A moral revolucionária não conhece a personalidade, como base de toda estimação, de todo julgamento moral.
É uma moral impessoal e que nega todo valor moral à personalidade, às qualidades pessoais, que nega a autonomia moral.
Ela admite servir-se de toda personalidade humana como de simples meio, de simples material, ela permite o uso de tal meio que parece bom para a vitória da coisa revolucionária.
A revolução é amoral por natureza, ela se coloca além do bem e do mal.
E nisto a contrarrevolução exteriormente se lhe parece muito.
É em nome da dignidade da personalidade humana e de seu valor moral que Dostoiévski se ergue contra a revolução e contra a moral revolucionária.
Pois na corrente revolucionária, a personalidade nunca representa um papel moral ativo.
A revolução é obsessão, loucura.
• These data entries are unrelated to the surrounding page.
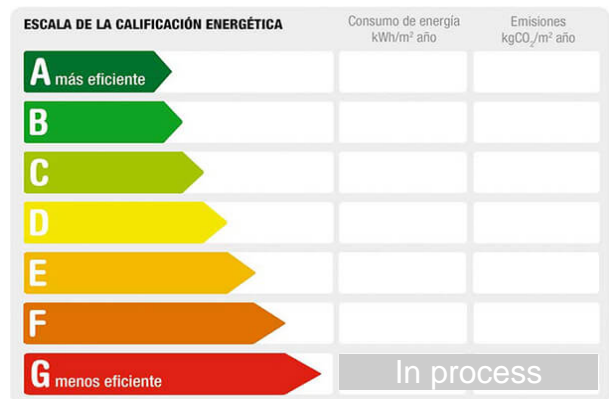

Sqm built: 160	Floor: scaffold	Living area: 150
Hot water: individual	Sqm terrace: 20	Terraces: 1
Fuel: butane	Bedrooms: 3	Orientation: west
Bathrooms: 3	Toilets: 1	Cupboards: 3

Description:

Estupenda vivienda en Cabo de Palos, cerca de la playa, en alquiler de temporada, por semanas, fin de semana y para el verano, totalmente equipada con tres dormitorios y baño incorporado a cada dormitorio, con chimenea, wifi, equipo de musica, tv y todo lo necesario para pasar unas agradables vacaciones en familia.
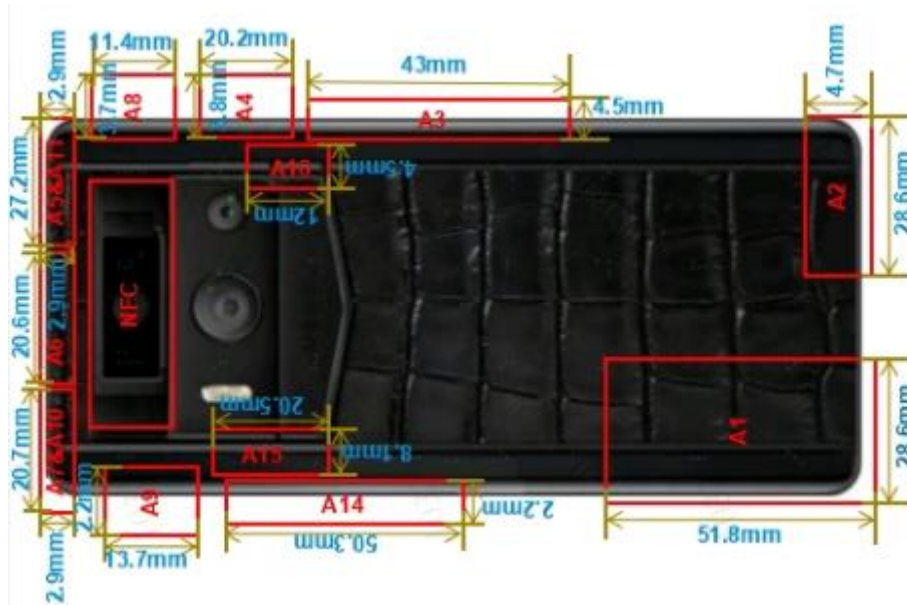

Antenna specification

1. Antenna Location

A6	GPS L5	-5.1
A7	WIFI 2.4G CH0	-4.72
	GPS L1	-3
	BT	-4.72
A9	WIFI 2.4G CH1	-0.03
	WIFI 5G CH1	-1.25
A10	WIFI 5G CH0	-0.33

Pattren:

WiFi 2.4G CHO/BT

WiFi 2.4G CH1

WiFi 5G CHO
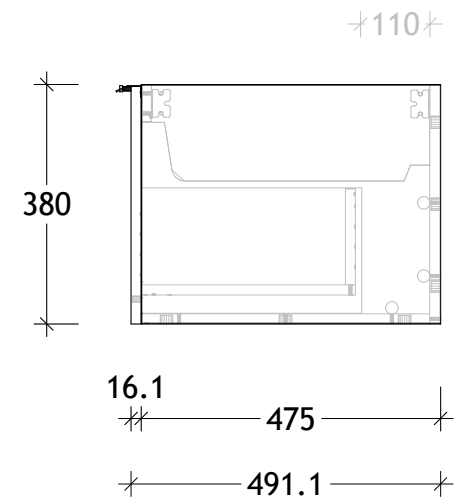

NAME:	ASHFA1500WHC
SIZE:	1500
WK/WH:	WALL HUNG
CONFIGURATION:	CENTRE BOWL

PLEASE NOTE: Do not perform any plumbing rough in prior to taking delivery of your vanity, as all measurements are nominal and are subject to change. Measure exact locations from your vanity once it is on site.
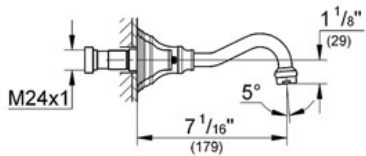

### Product Description:

Three-hole basin mixer 1/2"

### Standard Specification:

- GROHE StarLight® finish
- Wall mount
- Handles sold separately
- 7 1/6" (180 mm) spout
- Set for final installation for 33 885
- Max Flow Rate 1.5 gpm (5.7 L/min)
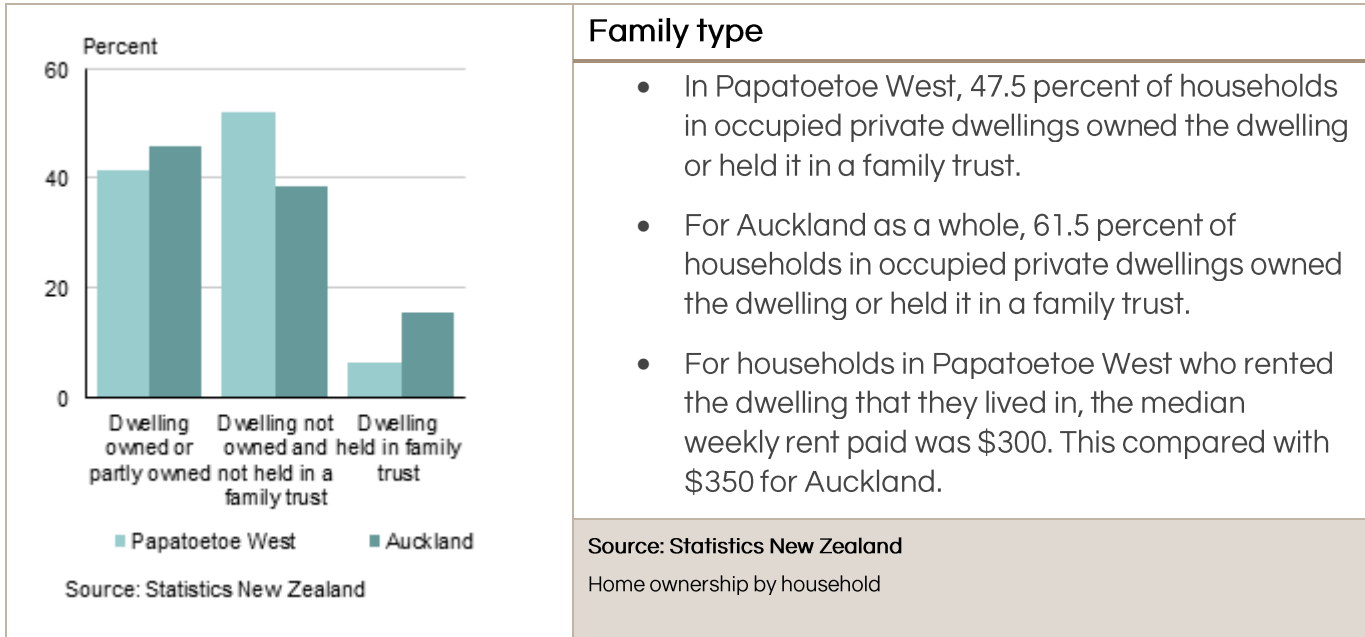

Total population aged 15 years and over

- For people aged 15 years and over, the median income (half earn more, and half less, than this amount) in Papatoetoe West is \$23,700. This compares with a median of \$29,600 for all of Auckland.
- 45.4 percent of people aged 15 years and over in Papatoetoe West have an annual income of \$20,000 or less, compared with 39.0 percent of people for Auckland as a whole.
- In Papatoetoe West, 16.6 percent of people aged 15 years and over have an annual income of more than \$50,000, compared with 29.2 percent of people in Auckland.

Source: Statistics New Zealand

Total personal income for people aged 15 years and over.

FAMILY STRUCTURE

Source: Statistics New Zealand

Family type

- Couples with children make up 50.6 percent of all families in Papatoetoe West, while couples without children make up 24.4 percent of all families.
- In Auckland, couples with children make up 46.5 percent of all families, while couples without children make up 35.1 percent of all families.
- 25.4 percent of families in Papatoetoe West are one parent with children families, while one parent with children families make up 18.4 percent of families for Auckland as a whole.

Source: Statistics New Zealand

Family Type

Family type

- In Papatoetoe West, 47.5 percent of households in occupied private dwellings owned the dwelling or held it in a family trust.
- For Auckland as a whole, 61.5 percent of households in occupied private dwellings owned the dwelling or held it in a family trust.
- For households in Papatoetoe West who rented the dwelling that they lived in, the median weekly rent paid was \$300. This compared with \$350 for Auckland.
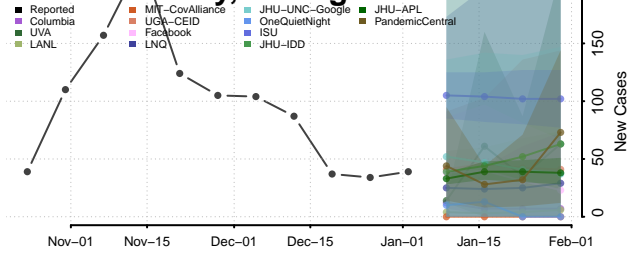

Dickinson County, Michigan

Eaton County, Michigan

Emmet County, Michigan

Genesee County, Michigan

Gladwin County, Michigan

Gogebic County, Michigan

Grand Traverse County, Michigan

Gratiot County, Michigan

Obsessão, loucura que atacam a personalidade, paralisam sua liberdade, acarretam uma submissão completa a uma corrente impessoal e inumana.
Os próprios dirigentes da revolução não sabem qual o espírito que os conduz.
Aparentemente ativos, na verdade eles são passivos, seu espírito está em poder de demônios que eles desencadearam no fundo de si mesmos.
Joseph de Maistre, no seu livro "Considerações sobre a França", fez ressaltar a propósito da Revolução francesa este caráter passivo dos chefes da revolução.
A imagem humana altera-se na revolução. O homem perde sua liberdade, torna-se escravo dos espíritos elementares.
O homem se revolta, mas não tem mais sua autonomia, Está em poder de um senhor estranho, inumano, impessoal.
Nisto está o segredo da revolução. E nisto aparece sua falta de humanidade.
O homem que se deixasse guiar por sua liberdade espiritual, por sua força criadora de qualidade individual, não poderia ser presa de correntes revolucionárias.
É daí que vêm a desonra, a ausência de opinião particular, o despotismo de uns e a escravidão de outros.
Pelo próprio caráter de sua concepção de mundo, Dostoiévski opõe à revolução o princípio pessoal, o valor qualitativo e o preço absoluto da personalidade.
Ele denuncia a mentira anticristã do coletivismo impessoal e inumano, a falsa universalidade da religião do socialismo.